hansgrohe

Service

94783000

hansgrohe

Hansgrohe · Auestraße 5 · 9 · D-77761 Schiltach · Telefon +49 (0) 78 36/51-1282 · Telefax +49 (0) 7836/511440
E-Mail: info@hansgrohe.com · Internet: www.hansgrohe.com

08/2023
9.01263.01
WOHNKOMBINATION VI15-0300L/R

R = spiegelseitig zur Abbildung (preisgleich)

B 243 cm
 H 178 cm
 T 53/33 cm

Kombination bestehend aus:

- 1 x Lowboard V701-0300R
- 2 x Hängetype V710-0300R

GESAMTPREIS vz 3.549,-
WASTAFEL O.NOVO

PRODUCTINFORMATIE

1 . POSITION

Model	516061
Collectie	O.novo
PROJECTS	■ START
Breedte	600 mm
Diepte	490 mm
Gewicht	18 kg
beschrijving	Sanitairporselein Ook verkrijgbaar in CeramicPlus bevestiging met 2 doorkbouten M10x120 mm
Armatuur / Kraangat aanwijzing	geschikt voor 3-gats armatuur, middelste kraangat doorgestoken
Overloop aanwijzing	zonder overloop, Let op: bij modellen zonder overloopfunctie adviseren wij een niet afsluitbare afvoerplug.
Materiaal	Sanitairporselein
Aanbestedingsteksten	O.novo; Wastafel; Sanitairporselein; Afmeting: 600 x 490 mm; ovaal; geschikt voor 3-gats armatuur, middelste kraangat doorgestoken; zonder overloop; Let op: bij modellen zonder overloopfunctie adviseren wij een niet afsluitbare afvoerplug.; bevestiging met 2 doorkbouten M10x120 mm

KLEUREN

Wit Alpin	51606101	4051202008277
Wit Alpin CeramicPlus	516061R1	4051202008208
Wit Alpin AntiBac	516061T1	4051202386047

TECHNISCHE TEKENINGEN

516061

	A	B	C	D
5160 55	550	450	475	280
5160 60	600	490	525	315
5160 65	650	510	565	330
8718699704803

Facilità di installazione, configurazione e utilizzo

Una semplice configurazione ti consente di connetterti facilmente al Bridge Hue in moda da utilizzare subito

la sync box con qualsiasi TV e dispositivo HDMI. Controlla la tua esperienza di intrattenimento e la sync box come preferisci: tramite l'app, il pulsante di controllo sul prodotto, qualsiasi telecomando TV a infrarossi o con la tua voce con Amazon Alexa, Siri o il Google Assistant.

### [Required work]
Print, from the entries above, the line with "WASTAFEL O.NOVO", the line with "Armatuur / Kraangat" and all lines between them, exactly and with nothing else.

### [Answer section]
WASTAFEL O.NOVO

PRODUCTINFORMATIE

1 . POSITION

Model	516061
Collectie	O.novo
PROJECTS	■ START
Breedte	600 mm
Diepte	490 mm
Gewicht	18 kg
beschrijving	Sanitairporselein Ook verkrijgbaar in CeramicPlus bevestiging met 2 doorkbouten M10x120 mm
Armatuur / Kraangat aanwijzing	geschikt voor 3-gats armatuur, middelste kraangat doorgestoken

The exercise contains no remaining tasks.